Les nombres sont utilisés dans la loterie royale installée en 1758 et entraîne des méthodes secrètes pour gagner, l’utilisation des songes et des prières « instruisez moi des nombres que je dois prendre pour gagner (Collin de Plancy). La numérologie, les fantaisie cabalistiques, la loterie, la supercherie, les méthodes secrètes n’ont rien à voir avec les nombres et la cabale qui découle d’une intense réflexion. Pour citer Grad dans « pour comprendre les nombres et la cabale », il faudrait posséder la langue hébraïque, ce que des courants cabalistiques contestent, mais surtout se placer dans une perspective de structure et d’articulation onto-numérale. Le nombre n’est pas un chiffre. Il faut pénétrer un climat mental particulier, qu’un rejet ne peut même pas envisager.

Il faut un rapport singulier entre le sujet et l’objet étranger à la mentalité occidentale.
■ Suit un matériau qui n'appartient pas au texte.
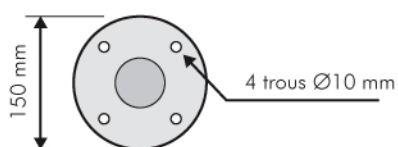

Kakémono inox Pour toile tendue par sandows

La tendance actuelle est à l'inox et à la toile tendue !

Jusqu'à épuisement du stock !

Spot Led 5 W noir

Kakémono pour toile tendue variante à sandows

- Cette variante de kakémono inox permet d'adapter une toile tendue à l'aide de sandows (non fournis).
- Pour toile largeur 800 mm.
- Possibilité d'installer en option un système d'éclairage avec bras de fixation et spot Led 5 W.

Détails de la platine de fixation.

Kakémono inox équipé du kit d'éclairage avec spot Led 5 W.

Désignation	Référence
Kit toile tendue à sandow - double face inox brossé	6KTT900SW
Kit d'éclairage 2 x 5 W noir ou gris	6KTECL
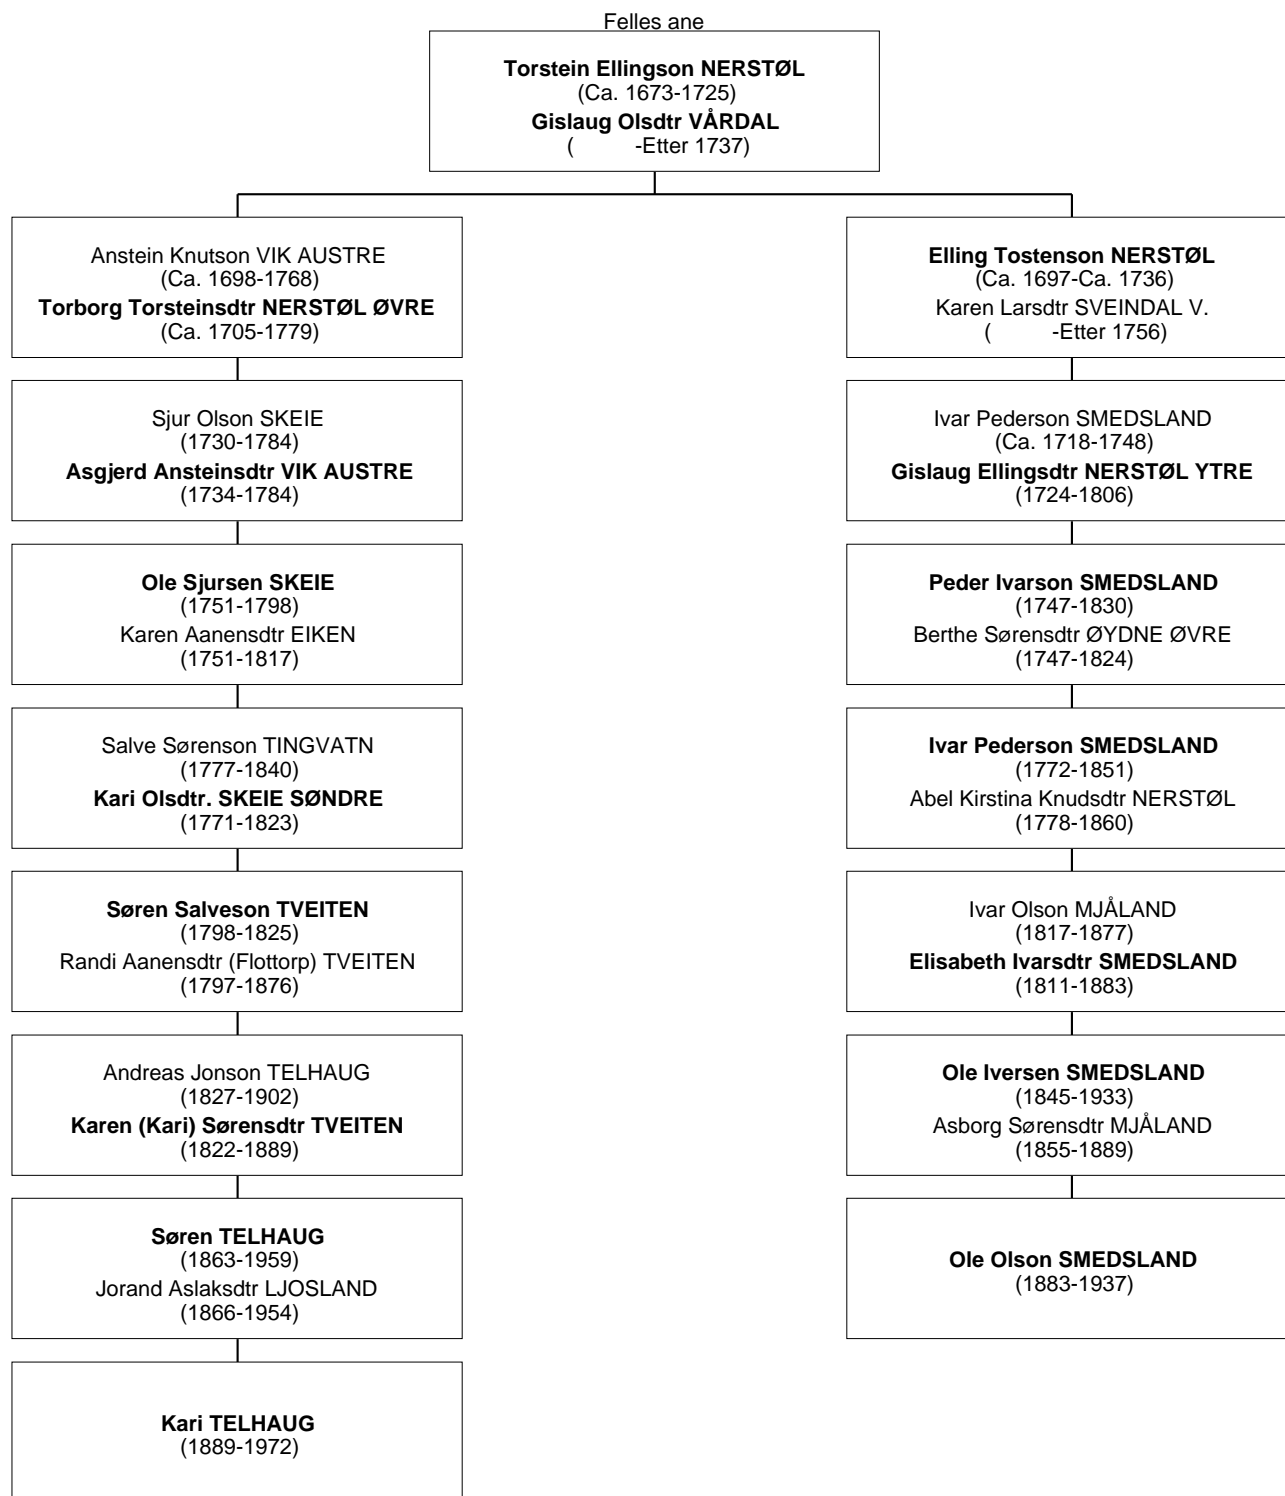

Ole Olson SMEDSLAND er sjumening 1G til Kari TELHAUG
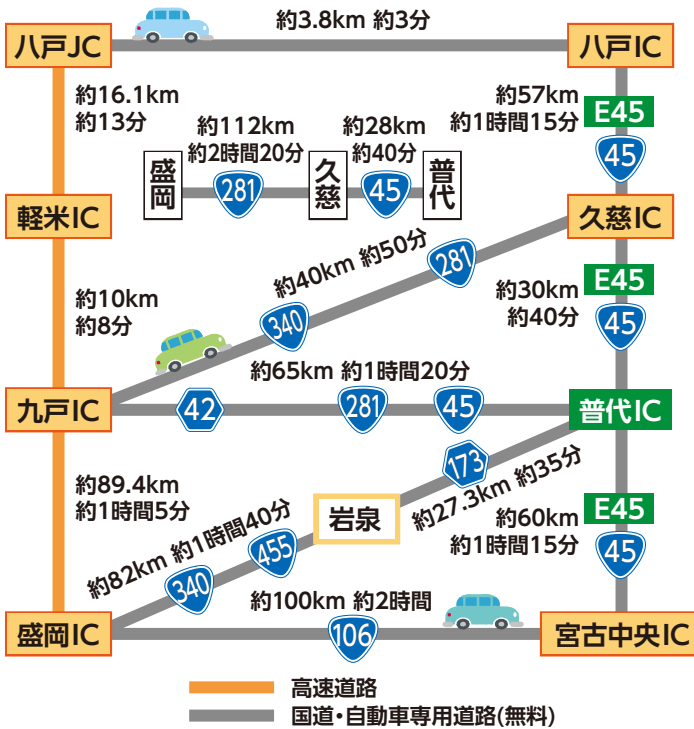

普代村へのアクセス

自動車でお越しの方

バスでお越しの方

飛行機でお越しの方

- 札幌線 新千歳空港 → JAL(55分) → いわて花巻空港
- 名古屋線 県営名古屋空港 → FDA(1時間) → いわて花巻空港
- 大阪線 大阪国際空港 → JAL(1時間20分) → いわて花巻空港
- 福岡線 福岡空港 → JAL(2時間) → いわて花巻空港

村の最新情報は公式サイトをご覧ください。

鉄道でお越しの方
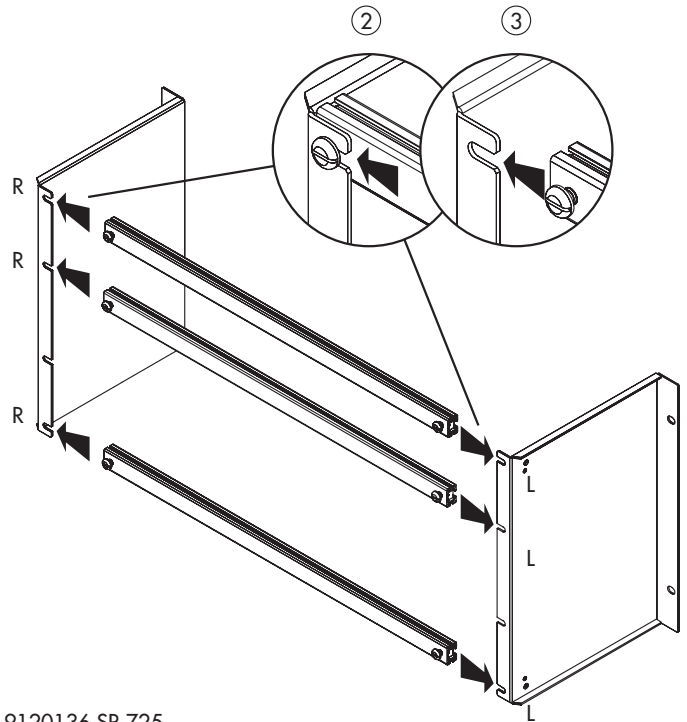

CÓMO PREPARAR LAS PIEZAS PARA MONTAR EL MARCO SOPORTE SP-725
 PREPARING THE PARTS OF THE SP-725
 COMMENT PRÉPARER LES PIÈCES DU CADRE DE MONTAGE SP-725

MARCO SOPORTE PARA RACK 19"
 FRAME FOR 19" RACK
 CADRE DE MONTAGE POUR RACK 19"

SERIE 912 SERIES

9120136 SP-725
 Marco soporte para rack de 19", para alimentador y 9 módulos (amplificador incluido)
 Frame for 19" rack, for power supply unit and 9 modules (amplifier included)
 Cadre de montage pour rack 19", pour alimentation et 9 modules (amplificateur inclus)

Dire que « trois n’est pas la dualité » sans autre affirmation que de dire cela n’est pas, n’est pas dans l’optique du cabaliste qui expliquera pourquoi la question, face à ce qui semble une inconvenance, puis pourquoi cela est ou pourquoi cela n’est pas. Pouvez-vous d’ailleurs simplement en lisant rétorquer à « cela n’est pas la dualité ».

La cabale c’est recevoir, accueillir, analyser et chercher à comprendre l’incompréhensible. Le nombre est la structure d’accueil de cette réception à travers l’intelligence qui parle en symbole pour découvrir la réalité ontologique. Ce n’est pas seulement dire, mais c’est le dire qui fait pour permettre la connaissance. Ainsi selon Grad, le kabbaliste ne cherche pas la vérité discursive, il fait le devenir et participe au devenir.

C’est alors un art de penser et un mode de vie spirituel. Rien à voir avec la raison rationalisante, ni avec le scientifique qui exerce son métier, son intelligence et sa raison et chez lui enfile ses pantoufles avec un soupir de soulagement « Quelle journée ! ». Les nombres cabalistiques entraînent donc une volonté humaine de présence et de continuité sous forme d’un courant qui se vit au jour le jour, au fil des heures.

Et si certains cabalistes sont devenus des Maîtres porteurs de Sagesse, c’est qu’ils ont vécu par l’intensité de leurs méthodes la vie cabalistique dans la réalité quotidienne. Ce n’est peut-être pas dans notre démarche qui vise à s’intéresser à des processus intellectuels et généraux, face à des êtres qui ont élaboré une science de l’Etre pour être vécue. Il n’est donc pas étonnant que les grands cabalistes furent des Maîtres entraînant dans leur sillage des Ecoles et des disciples, ou des moines et des érudits consacrés à l’étude.